Most of the youth also talk openly and honestly about single parent and low income households. They tell stories about their mothers persevering in economic hardship, looking out for them over all else, and being abused or abandoned by male partners. Boy’s discussions of how they see their mothers or how the things that happen to their mothers impact them are particularly interesting b/c they highlight the messages young men get from a sexist society and how they internalize those while still idolizing or idealizing their mothers.
Many of the respondents also discuss drugs and one youth even films his first time smoking pot. They discuss their drug use, their decisions about drugs, and whether or not their friends use. These stories highlight both the mundane and the horrible. And they are far more interesting than the sex jokes that Dick feels compelled to include. All tho, there is one video that runs like a failed sex positive how-to that does highlight a certain disturbing dynamic between young boys and girls.

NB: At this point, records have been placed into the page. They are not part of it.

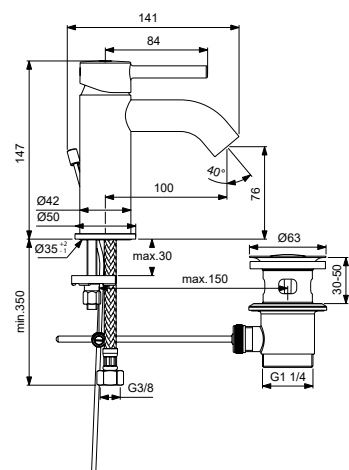

Описание изделия

CERALINE Однорукоятковый смеситель для раковины
Картридж 28 мм FirmaFlow с функцией HWTC (ограничение максимальной температуры горячей воды)
Гибкая подводка G3/8"
Система монтажа EASY-FIX (облегченный монтаж)
Аэратор Cashe с ограничением потока 5 л/мин.
Металлическая рукоятка с индикаторами горячей / холодной воды
Металлический донный клапан

Артикул	Пропускная способность, л/мин	* РРЦ вкл. НДС, у.е
BC203AA	5	133,50

Покрытие / цвет
AA Chrome (Хром)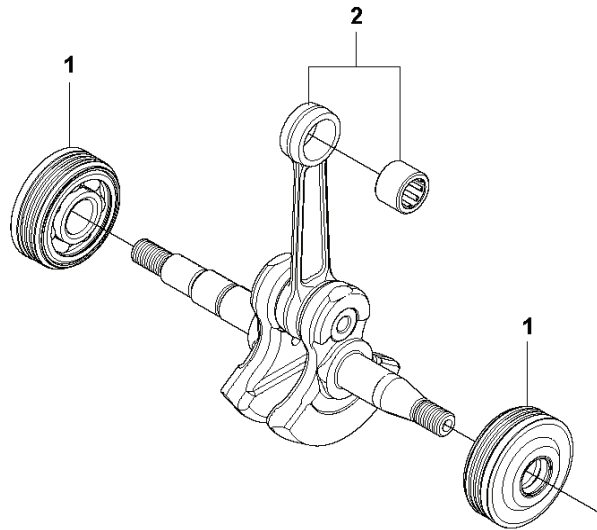

G 240e TrioBrake

REF.	ART. NR	ARTIKELBESKRIVNING	ANMÄRKNING	KIT
1	586936202	FÖRGASARE		1
2	545062801	THROTTLE WIRE		1
3	545062101	FILTER HOUSING		1
4	545061801	LUFTFILTER		1
5	545151801	PLATTA		1
6	530016101	MUTTER		2
7	545061901	ISOLATOR		1
8	545063401	SWITCH.SPRING		1
9	545061701	SWITCH LEVER		1
10	545061601	CHOKER KNOB		1
11	545061501	CARB ADAPTOR SEAL		1
13	545061401	CARB ADAPTOR		1
15	545033701	STUD-CARBURETOR		2
16	545158301	CARB ADAPTOR SCREW		4
17	530016080	SCREW		1
18	545074901	TOP STUD-CARBURETOR		1
19	545081892	PACKNINGSSATS		1
20	530016349	SCREW		1

H 240e TrioBrake

REF.	ART. NR	ARTIKELBESKRIVNING	ANMÄRKNING	KIT
1	545050418	SATS		1
2	545081501	BULT		4
3	574190901	INSATS		1
4	574190801	INSATS		1
5	545101701	KOLVRING		1
8	530015697	LOCKING RING		2
9	503235108	TÄNDSTIFT		1
10	545081893	SATS		1

J

240e Triobrake

REF.	ART. NR	ARTIKELBESKRIVNING	ANMÄRKNING	KIT
1	530056363	LAGER		2
2	530012605	ASSEMBLY CRANKSHAFT		1

K 240e TrioBrake

From 20100100001 up to 20102300000 3

REF.	ART. NR	ARTIKELBESKRIVNING	ANMÄRKNING	KIT
1	574383301	KASTSKYDD		1
2	545127301	BOSS		1
3	545061201	BAKHJUL		1
4	530016064	SCREW		1
5	545075401	GENOMFÖRING		1
6	545071401	SVÄRD		1
7	545071301	CAP. SPRING HANDGUARD		1
8	545071201	SPRING. HANDGUARD POSITION		1
11	525527401	CHASSI		1
13	529310301	BULT		2
14	545033501	SLANG		1
15	530029868	PLUGG		1
16	530026119	VENTIL		1
17	530021132	LINE-RETURN PURGE		1
18	530023877	NIPPEL		1
20	545061901	ISOLATOR		1
21	545070801	TANKLOCK KPL		2
22	530015906	SCREW		2
23	545033801	ISOLATOR		1
25	545063101	FJÄDER		1
26	577167201	BRÄNSLEFILTER		1
27	545078302	LINE		1
28	530015814	SCREW		1
29	530029850	KEDJEFÅNGARE		2
30	530038990	FELLING DOG		1
31	530016439	SCREW		2
32	530014381	FELLING DOG		1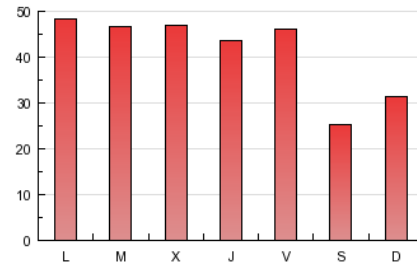

1. Cifras totales y promedios (Nacional e Internacional)

MES - AÑO	NAVEGADORES UNICOS	VISITAS	PAGINAS
Septiembre - 2012	25.935	47.729	121.041
PROMEDIO DIARIO	1.313	1.591	4.035
PROMEDIO LUNES-VIERNES	1.468	1.789	4.636
PROMEDIO SABADO-DOMINGO	1.004	1.194	2.832
PAGINAS / VISITAS	2,54		
DURACION MEDIA VISITAS	0:02:54		
DURACION MEDIA PAGINAS	0:01:09		

2. Secciones (Nacional e Internacional)

	PAGINAS	%
HOME	24.460	20.21 %
RESTO	96.581	79.79 %

3. Por día del mes (Nacional e Internacional)

Día	N. únicos	Visitas	Páginas	Día	N. únicos	Visitas	Páginas	Día	N. únicos	Visitas	Páginas
1	653	758	1.850	11	928	1.074	2.404	21	1.736	2.054	5.386
2	791	948	2.056	12	1.268	1.599	4.397	22	951	1.091	2.452
3	1.396	1.712	4.602	13	1.191	1.456	3.777	23	1.250	1.512	3.298
4	1.581	1.957	4.977	14	1.477	1.764	4.380	24	1.528	1.897	4.795
5	1.572	1.864	4.551	15	1.072	1.247	2.713	25	1.625	2.009	5.206
6	1.294	1.560	3.900	16	1.076	1.277	3.088	26	1.499	1.856	4.817
7	1.085	1.320	3.616	17	1.718	2.133	5.720	27	1.469	1.843	4.790
8	705	837	1.970	18	1.754	2.169	6.125	28	1.655	1.962	5.050
9	903	1.058	2.979	19	1.517	1.871	4.987	29	1.385	1.674	3.619
10	1.424	1.691	4.225	20	1.634	1.995	5.019	30	1.251	1.541	4.292

4. Gráficas (Nacional e Internacional)

4.1 Por día de la semana (promedio)

N. únicos / Visitas (x 100)

Páginas (x 100)

4.2 Por franja horaria (promedio)

Visitas (x 1000)

Páginas (x 1000)

4.3 Por meses

I was also concerned about the story of a differently-abled young man that clearly showed the typical ableist dynamic between sexually awakening young differently-abled boys and able bodied girls who have no understanding of dis/ability. His story seems particularly disheartening as girls laugh at and mock him, all the while pretending to be his friends. In thinking about it juxtaposed against the differently-abled girl in the film, who says she is “addicted to sex”, I wonder how the dynamic of hormones, sexuality, and gender combine with ability to make differently-abled youth particularly vulnerable to exploitation or abuse (in this case jokes and mocking) and how that in turn impacts their own self-expression. As the young man says “I’m still afraid of girls” and his own parents mock him.

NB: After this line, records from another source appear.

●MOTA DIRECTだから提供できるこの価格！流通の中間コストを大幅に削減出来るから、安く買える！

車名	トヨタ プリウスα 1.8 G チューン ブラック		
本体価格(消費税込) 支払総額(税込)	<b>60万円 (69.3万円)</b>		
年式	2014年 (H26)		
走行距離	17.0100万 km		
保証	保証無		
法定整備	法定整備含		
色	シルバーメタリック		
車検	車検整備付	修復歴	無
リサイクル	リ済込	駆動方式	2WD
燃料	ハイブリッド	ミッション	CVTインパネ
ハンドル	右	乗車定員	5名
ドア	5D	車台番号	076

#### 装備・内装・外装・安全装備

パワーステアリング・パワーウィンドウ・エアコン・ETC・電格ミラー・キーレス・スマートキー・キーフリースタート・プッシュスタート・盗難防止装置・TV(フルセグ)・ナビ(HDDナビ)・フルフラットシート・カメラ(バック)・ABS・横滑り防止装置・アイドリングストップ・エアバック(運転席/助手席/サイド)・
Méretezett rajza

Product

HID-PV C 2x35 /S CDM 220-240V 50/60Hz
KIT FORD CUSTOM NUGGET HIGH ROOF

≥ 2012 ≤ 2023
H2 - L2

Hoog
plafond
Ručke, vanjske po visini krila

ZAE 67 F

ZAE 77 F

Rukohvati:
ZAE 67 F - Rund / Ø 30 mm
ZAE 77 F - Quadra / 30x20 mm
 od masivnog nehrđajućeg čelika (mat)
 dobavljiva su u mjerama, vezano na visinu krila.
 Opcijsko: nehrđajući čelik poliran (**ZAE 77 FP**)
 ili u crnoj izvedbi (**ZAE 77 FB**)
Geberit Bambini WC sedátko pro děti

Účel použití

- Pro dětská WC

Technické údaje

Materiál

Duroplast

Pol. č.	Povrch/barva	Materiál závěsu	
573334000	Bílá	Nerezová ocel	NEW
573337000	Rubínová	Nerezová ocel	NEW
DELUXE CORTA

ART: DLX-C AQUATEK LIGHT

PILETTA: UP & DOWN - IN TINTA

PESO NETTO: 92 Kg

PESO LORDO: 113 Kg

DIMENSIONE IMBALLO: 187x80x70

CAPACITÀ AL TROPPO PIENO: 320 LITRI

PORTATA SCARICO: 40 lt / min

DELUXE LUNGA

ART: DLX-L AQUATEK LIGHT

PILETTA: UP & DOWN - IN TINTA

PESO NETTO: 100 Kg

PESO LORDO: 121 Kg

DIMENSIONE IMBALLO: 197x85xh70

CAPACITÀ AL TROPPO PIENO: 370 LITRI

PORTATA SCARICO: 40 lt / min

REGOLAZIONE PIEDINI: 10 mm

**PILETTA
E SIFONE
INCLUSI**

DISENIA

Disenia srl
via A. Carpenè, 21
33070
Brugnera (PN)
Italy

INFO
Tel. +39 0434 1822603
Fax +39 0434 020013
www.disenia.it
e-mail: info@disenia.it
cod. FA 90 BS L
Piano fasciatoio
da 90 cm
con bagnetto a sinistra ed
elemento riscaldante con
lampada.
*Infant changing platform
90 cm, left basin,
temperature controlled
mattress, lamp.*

There are a lot of pull out clips in this documentary that could foster discussion with youth about oppressions, survival, and their developmental struggles. The documentary has already been included in courses on autobiography and form and would certainly fit in a soc-anth department. It could also be helpful in the Education Department to encourage education students to think about how “behavioral problems” are actual symptomatic of other issues that may need attention or how to help students who are going through things succeed in school and believe in themselves. When I see 3 of 7 girls express negative self-esteem and boys failing or turning to drugs b/c they fear their home lives or their perceived lack of a future, I worry that we are still not doing enough to provide at least one safe place for youth in this world where they can dare to dream. That is not an indictment of middle and high school teachers, who work under much more extreme conditions than I think we professors do, but rather a statement about where practice needs to catch up with theory or praxis needs to better reflect real life.

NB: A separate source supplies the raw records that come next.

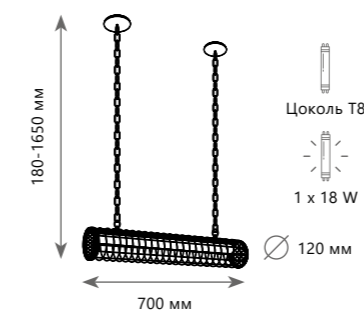

Подвесной светильник

1. **A** LOFT1701BK ●
2. металл | металл
3. черный | черный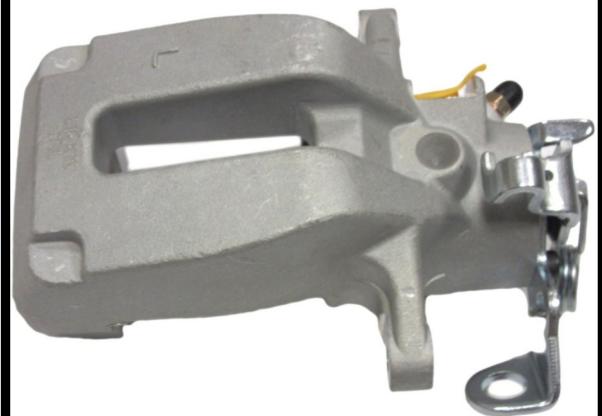

Part No : VSBC173L

OEM : 86-1523

FITS : AUDI, VW, SKODA, SEAT

POS : REAR LEFT

Status : Ex.Stock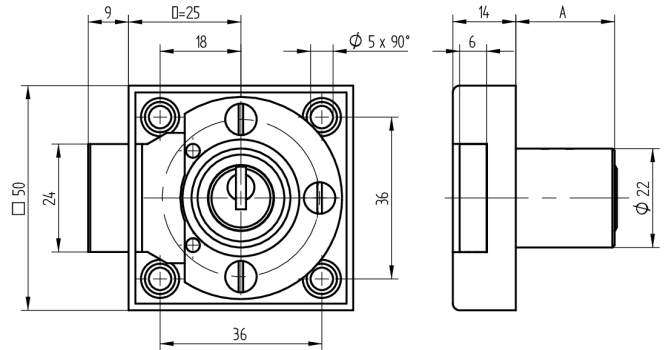

## Verrou à enclisonner

05.140.01.00.00.01.00

1x270° Charnière à gauche

Les produits peuvent différer des images présentées

Couleur  
nickelé mat

### Matériel livré

- 1 verrou à enclisonner
- 1 cylindre de montage 04.022.03.WW.00.00.ZZ
- 2 vis à tête cylindrique T09.607.002.62
- 4 vis de plainte T09.642.010.NQ
- 1 entraîneur T09.755.001.27
- 1 tôle de fermeture T09.850.003.NE
- 2 plaque à vis de serrage fraisée BN1218-2.7x12
- 2 vis à tête fraisée DIN963A-M2.3x5

### Caractéristiques

- Charnière: gauche
- Rotation de fermeture: 1x270°
- Dimension A (mm): 22
- Dimension D (mm): 0
- Active Safety: sans
- Anti-perforation: sans
- Couleur: nickelé mat

Ultimately, if you are interested at all in youth culture this documentary should appeal. If you work with youth, I highly recommend it, but would argue that it needs to be paired with more stories from girls and transgender youth, and might be best used over time as individual stories and discussion. It’s most positive aspect is also the one that will require active participation in discussing the documentary however you view it: highlighting youth’s voices and vision’s of themselves and their worlds unaccompanied by analysis. (However, do not mistake this for free form as this film has been highly edited.)